3 de septiembre de 2026 | Caracas, Venezuela | Nohemi Belandria y Noticias de la División Interamericana
Cuando el suelo empezó a temblar, el capitán Robinson Navarro estaba en la segunda planta de la estación de bomberos de Caracas, que era su base. Al principio, no le dio mucha importancia. Días antes, se había producido un temblor que sus compañeros ni siquiera habían notado. Pero esta vez, el temblor se intensificó y no cesó. En cuestión de segundos, llevó a cabo la evaluación que requiere su formación.
“Si bajaba, había dos losas que podían caerme encima”, recordó. “Donde yo estaba, solo había una”.

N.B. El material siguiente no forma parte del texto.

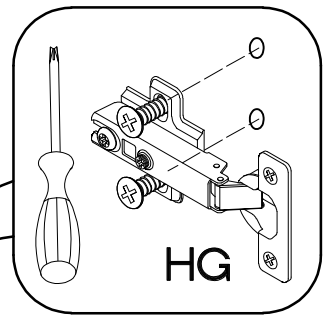

FRONT

40 G-90 1F

58x58 GN-90 1F

KUH.70955

Ersatzteil Nummer	Dimension
KUH.70955	896x396x19

L=160mm	M4x27mm
	
S	U8
1	2

ISM-KUH-01670

1

40 G-90 1F

LEFT

RIGHT

KUH.70955

KUH.70955

2

	
†35/0mm	†3.5x13mm
HG	P5
2	4

3

L=160mm	M4x27mm
	
S	U8
1	2

4

58x58 GN-90 1F

LEFT

RIGHT

KUH.70955

KUH.70955

5

		
H	G7	3.5x13mm P5
2	2	4

6

L=160mm	M4x27mm
	
S	U8
1	2

La salida estaba demasiado lejos, así que Navarro decidió que la opción más segura era quedarse donde estaba. Mientras el temblor continuaba, secciones del techo empezaron a caer sobre él.

El capitán Robinson Navarro, de la División de Rescate y Operaciones Especiales del Departamento de Bomberos de Caracas, aparence frente a un edificio destruido por el terremoto de La Guaira, Venezuela. Navarro, que ha sido rescatista durante 18 años y anciano en la iglesia adventista Central en Carayaca, trabajó entre los escombros desde el primer día de la catástrofe. [Fotografía: Elisamuel Devis].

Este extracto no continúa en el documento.